发布时间 2023-07-17 14:28:53作者: luckylan

除法器

与乘法相比,除法的实现较为复杂,运算过程如下:

过程:

  • 被除数和余数:将余数和被除数视为一个,共享一个寄存器,初始值为被除数
  • 除数:可视为不断右移,并和被除数相减
  • 商:每个bit依次生成,可视为不断左移

 

除法器的工作流程

 

要注意的是,与手算相比,电路实现总是将余数减除数,所以如果出现差小于0,要执行回退操作。

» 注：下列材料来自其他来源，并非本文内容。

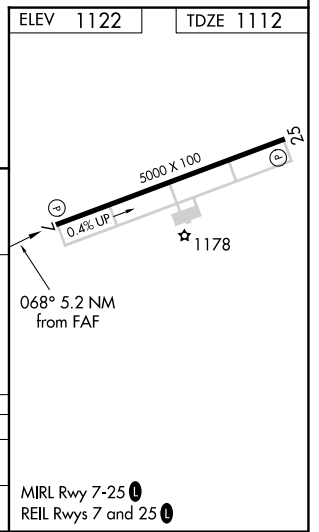

VORTAC ROD 117.5 Chan 122	APP CRS 068°	Rwy Idg TDZE 1112 Apt Elev 1122	5000 1112 1122
---	------------------------	---	---

VOR RWY 7

BELLEVILLE RGNL (EDJ)

DME required.		MISSED APPROACH: Climbing left turn to 3000 direct ROD VORTAC and hold.
AWOS-3 118.075	COLUMBUS APP CON 118.425 294.5	UNICOM 122.8 (CTAF) 0

EC-2, 23 MAR 2023 to 20 APR 2023

EC-2, 23 MAR 2023 to 20 APR 2023

MIRL Rwy 7-25 0
REIL Rwy 7 and 25 0
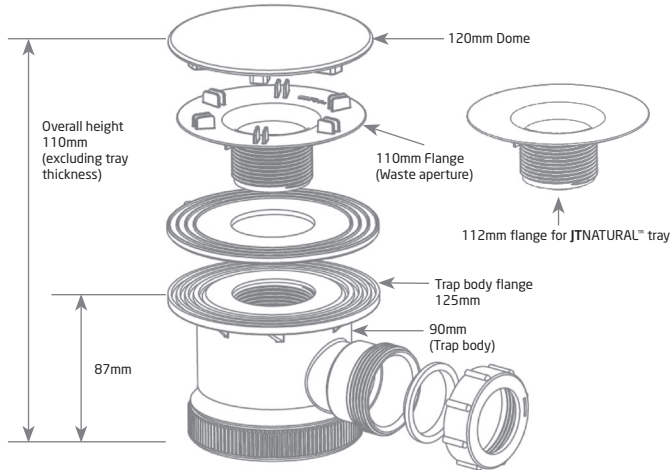

JT40® WASTE 90MM

WASTE AND TRAP

JTFLEXI-FIX™

FLEXIBLE, SELF-ADHESIVE WATERPROOF UPSTAND

- Ensures maximum water seal
- Easy application
- Wraps around corners in one piece
- Available in 3.2 metre lengths
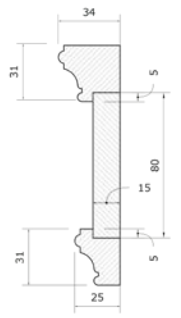

Single pack of wall panelling comes with:

- 1 x (2400mm x 34mm x 31mm) length of large (top) beading
- 4 x (2400mm x 80mm x 15mm) lengths of board panelling
- 4 x (2400mm x 25mm x 31mm) lengths of (inside) beading

For further information visit our website at www.deantadoors.ie or please contact your local stockist.

Wall panel a typical 15 x 8ft hallway from as little as €325

怎么会退呢?其实没有真正回退地方法,由于前面执行的是减法,回退只需加回来就可以了

除法器的电路实现

工作过程:

  1. 初始化:将8-bit被除数放到“余数寄存器”,4-bit除数放到“除数寄存器”的高4位,将4-bit商寄存器置零
  2. 执行减法运算:余数-除数,将结果放到“余数寄存器”
  3. 检查余数寄存器的最高位(判断正负)。如果值小于0,回退,商左移,新的最右位设为0;如果值大于或等于0,商左移,新的最右位设为1.
  4. 除数寄存器右移一位
  5. 检查是否为最后一轮(本例为第5轮)

32-bit除法器同理可得

除法器的面积优化

对上面32-bit除法器从面积分析:

  • “除数寄存器”实际只使用了一半
  • “商寄存器”初始是空的,从左到右依次填满
  • “余数寄存器”初始是满的,有实际意义的位每过一个周期从左到右依次减少

对应的,我们可以得到针对上述问题的方案:

  • “除数寄存器”缩减为32-bit的,无需支持移位
  • 取消“商寄存器”,商从右端逐位移入“余数寄存器”
  • 64-bit ALU缩小为32-bit
  • “余数寄存器”只有高32位参与加减法运算
  • “余数寄存器”需要支持左移和右移
  • 运算结束时,商占据“余数寄存器”的低32位

 

其中有两点需要注意:

  1. 对优化的除法器右移,优化后的除法器的运算步骤是先相减再左移,比如0000,0111 / 0010, 每次做左移、减法,倒数第二步得到00110001,最后一次循环,减法再左移得到:00100011,因为真正的商是:0011, 而余数是0001。最终结果应该是先取低四位商,再右移取高四位余数。
  2. 和乘法器一样,余数寄存器实际应该是65位而保证加法器的进位不会丢失。

除法运算过程如下:

初始化时:

被除数和余数:将余数和被除数视为一个,共享一个寄存器div_rem_d,初始值为被除数扩大2倍后的值,位宽为2倍的被除数位宽2*width。所以在最后一次结果中商直接取余数寄存器的低半部分位宽的数值即可,余数即为余数寄存器的[2*width_A-1:width_A+1]位的值。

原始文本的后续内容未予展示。